To explore whether the enhanced NO bioavailability in the IL-1R1 KOs was responsible for their lower blood pressures in our hypertension model, we disrupted NO generation in both groups by administering L-NAME in the drinking water starting at day 7 of Ang II infusion. Similar to our initial hypertension experiment, IL1R1 KO mice had lower blood pressures than WT controls by day 7 of Ang II prior to L-NAME (165.4±3.2 vs. 179.3±3.2 mm Hg; p=0.006 Figure 3C). However, after L-NAME treatment, blood pressures in the groups converged (185.1±12.7 vs. 185.3±4.8 mmHg; p=NS Figure 3C). Thus, deprivation of NO bioavailability by L-NAME abrogated the protection from RAS-mediated blood pressure elevation in the IL1R1 KO mice, indicating that Ang II induces renal sodium retention and hypertension in part via IL-1R1-dependent suppression of NO generation.

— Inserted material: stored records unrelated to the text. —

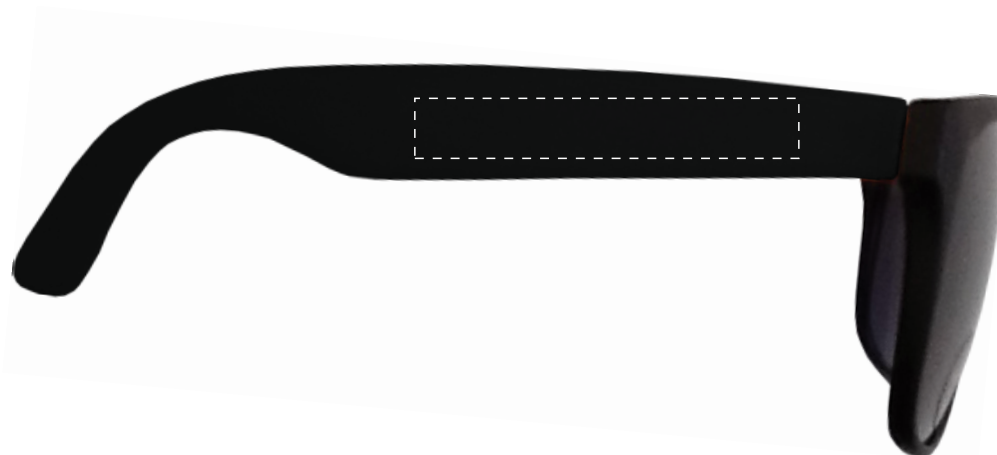

Industry standard allows
1/16" movement in any direction

Purchase Order #:

Pad Print

* Template Shown at 100%
Border Does Not Print

SECOND LOCATION

 Imprint Area

NOT TO SIZE. FOR PLACEMENT ONLY

ART NOTES:

ITEM # SG100 - 'Newport Everyday' Sunglasses

Available Color(s) : Lime Green
Imprint Area Size : 2"w x 5/16"h
Artwork Format(s) accepted : CMYK TIF 300 dpi (with 0.25" bleed)
or Vector EPS (type outlined)
Artwork Recommendations : No type smaller than 7 pt.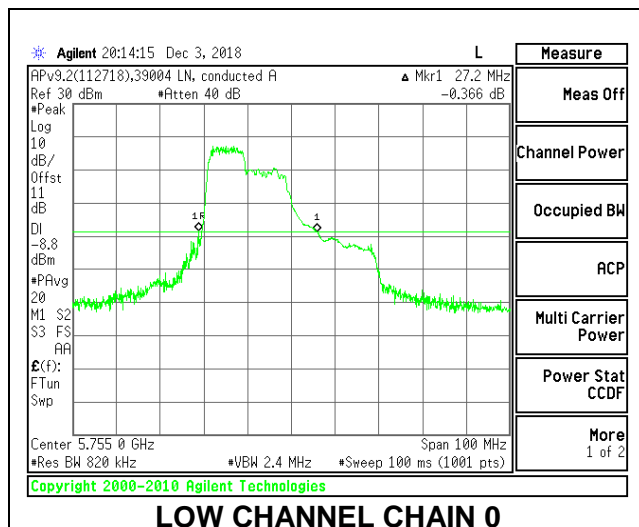

2TX Antenna 1 + Antenna 2 OFDMA MODE – 106-Tones, RU Index 53

Channel	Frequency (MHz)	26 dB Bandwidth Chain 0 (MHz)	26 dB Bandwidth Chain 1 (MHz)
Low	5755	27.20	21.10
High	5795	27.00	23.20

LOW CHANNEL

LOW CHANNEL CHAIN 0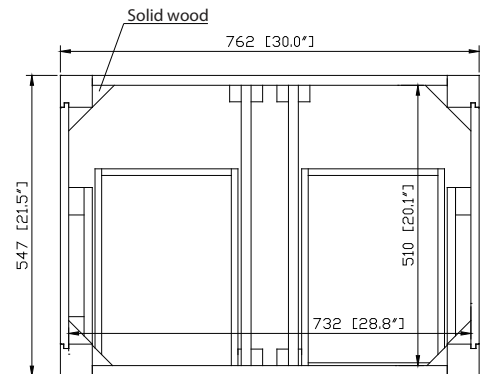

- Chilled Gray
- White

Nominal Dimension

- 30W x 21.5D x 34H inches

Components

Mirror	14000-M24-CG	14000-MC24-CG	
	14000-M24-WT	14000-MC24-WT	
Vanity Top	SUT31BK-R	SUT31GB-R	SUT31CW-R
	SUT31BK	SUT31GB	SUT31CW
Sink	CUM20WT-R	CUM18WT	CUM18LN

Product Diagrams

Front

Back

Side

Top

SUT31BK / SUT31CW / SUT31GB

Features

- Top cutout for single undermount sink
- Top pre-drilled for 8" widespread faucet
- 4" backsplash included

Colors / Finishes

- BK - Natural Black Granite
- CW - Natural Carrera White marble
- GB - Natural Galala Beige marble

Nominal Dimension

- 31W x 22D x 1H inches
- 787 x 560 x 25 mm

Related Items

Sink	CUM18WT	CUM18LN		
Vanity	BROOKS-V30	BRENTWOOD-V31	DELANO-V30	
	KELLY-V30	LOFT-V30	MODERO-V30	MILANO-V30
	MILANO-V30	TROPICA-V30	THOMPSON-V30	WESTWOOD-V30

Nominal Dimension

- 18.1W x 15D x 7.9H inches
- 458 x 380 x 200 mm

Components

Drain	VC-DRAIN-CP	VC-DRAIN-BN					
Vanity Top	SUT25BK	SUT25CW	SUT25GB	SUT31BK	SUT31CW	SUT31GB	SUT37BK
	SUT37GB	SUT37CW	SUT49CW	SUT49GB	SUT49BK	SUT61BK	SUT61CW
	SUT61GB	SUT73BK	SUT73CW	SUT73GB			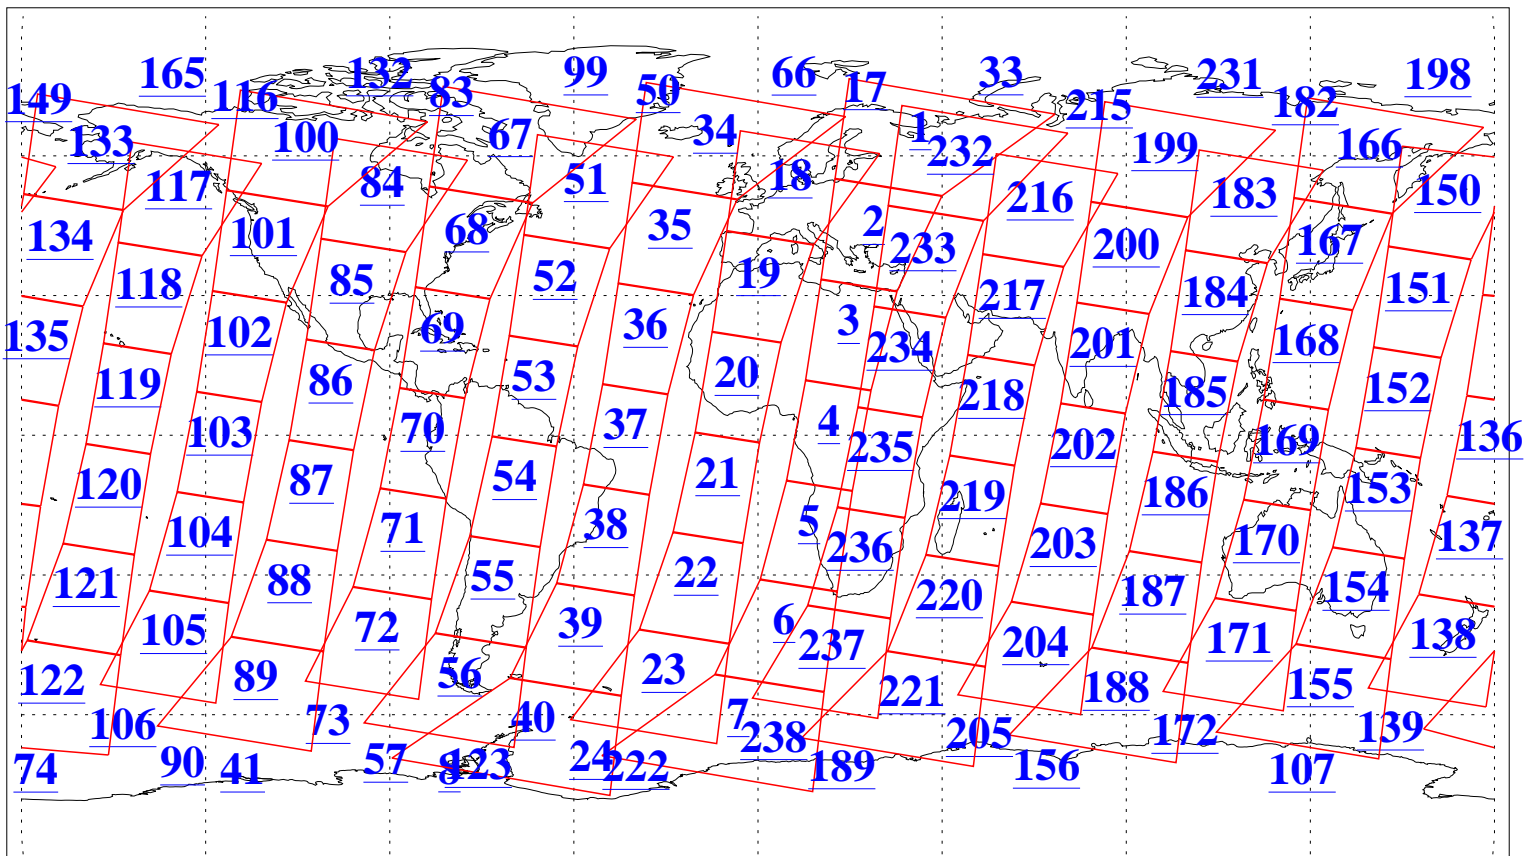

L1B Availability
AMSU Granules: 240
HSB Granules: 0
AIRS Granules: 240

22 Feb 2013
DoY 53
Aqua Day 3947
Granules: 1 to 120

Granules: 121 to 240

Legend: AMSU Available, HSB Available, AIRS Available

L1B Availability
AMSU Granules: 240
HSB Granules: 0
AIRS Granules: 240

22 Feb 2013
DoY 53
Aqua Day 3947
Ascending Granules

Descending Granules

Legend: AMSU Available, HSB Available, AIRS Available

L1B Availability
 AMSU Granules: 240
 HSB Granules: 0
 AIRS Granules: 240

22 Feb 2013
 DoY 53
 Aqua Day 3947

Northern Hemisphere Granules

Southern Hemisphere Granules

Legend: AMSU Available, *HSB Available*, **AIRS Available**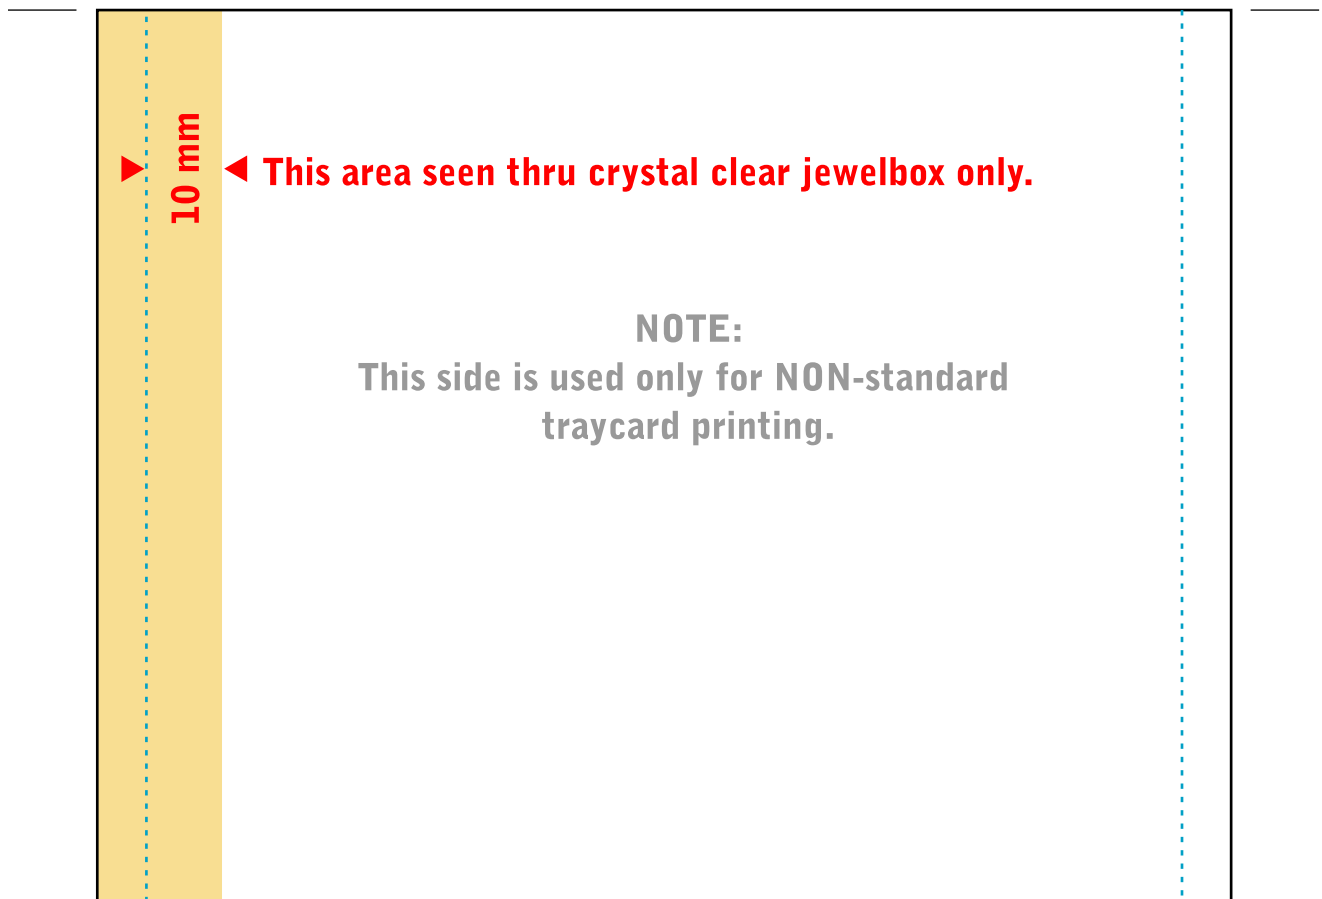

## Exterior Box Back-Viewable Side

perf

perf

## Interior Side (disc craddled side)

10 mm

◀ This area seen thru crystal clear jewelbox only.

### NOTE:

This side is used only for NON-standard traycard printing.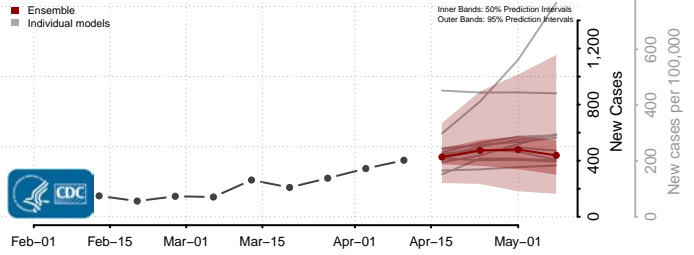

St. Louis County, Minnesota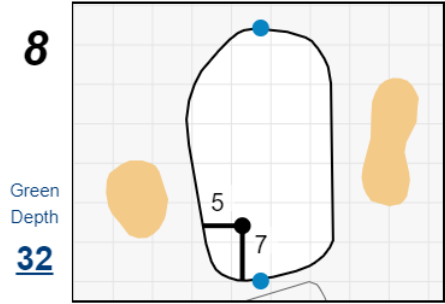

## Chilliwack Golf Club

Each side of a complete square on the green represents 5 yards. / Blue dots represent green front and back.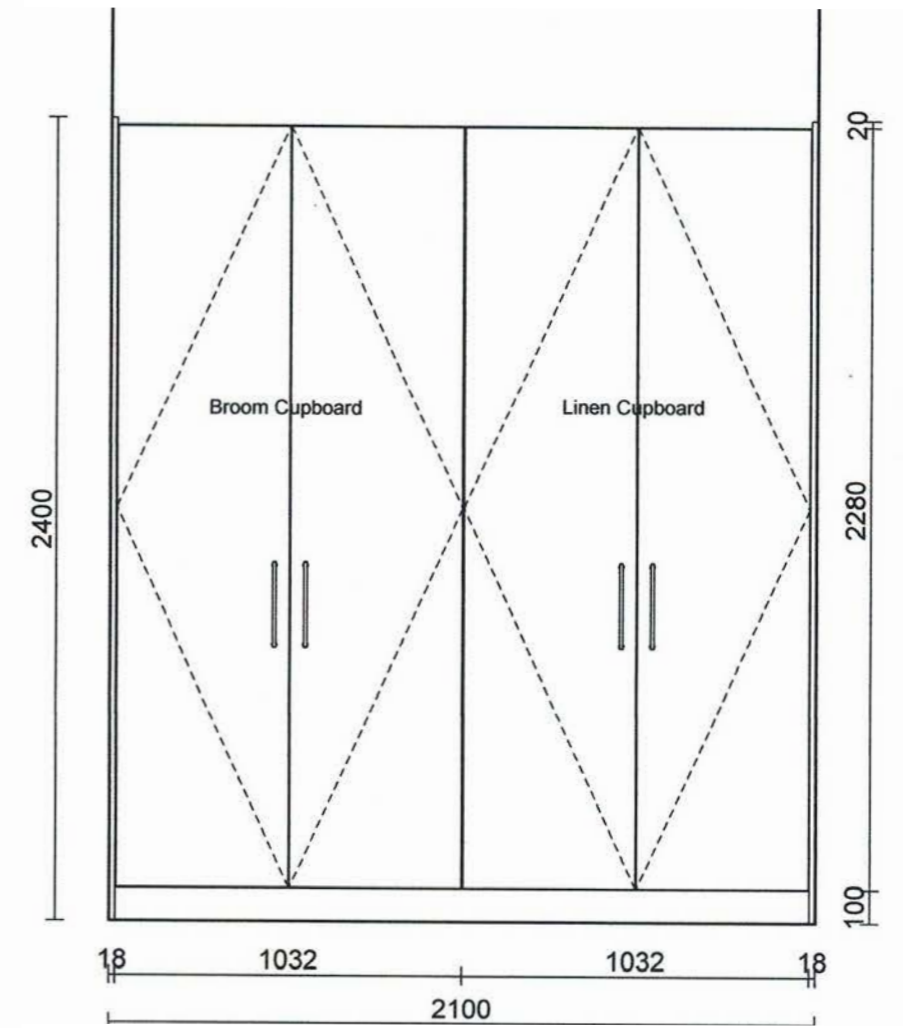

LAUNDRY SPECIFICATIONS
CABINERY: 18mm Prime Melamine Atmos Velvet TBC
BENCHTOPS: 20mm Trendstone Engineered Stone
Stellar Range TBC
BOWL: Acero Loxley DV108, Undermounted
TAPWARE: TBC
HANDLES: Appliance Pull to tall, w: drop front drawers, finger pull uppers
SPLASHBACK: Owner Supplied

Next, we sought to determine which of the NO synthases contributed to the exaggerated NO production in the Ang II-infused IL1R1 KO mice. Whole kidney mRNA expression of NOS3 (eNOS) was similar in the 2 groups (Figure 3D). By contrast, NOS2 (iNOS) expression was markedly upregulated in the IL-1R1 KO kidneys compared to WT controls (1.73±0.29 vs. 1±0.16 arbitrary units; p=0.045, Figure 3E). Thus, NOS2 rather than NOS3 appears to drive the exaggerated production of NO in the IL-1R1-deficient kidney during Ang II-dependent hypertension.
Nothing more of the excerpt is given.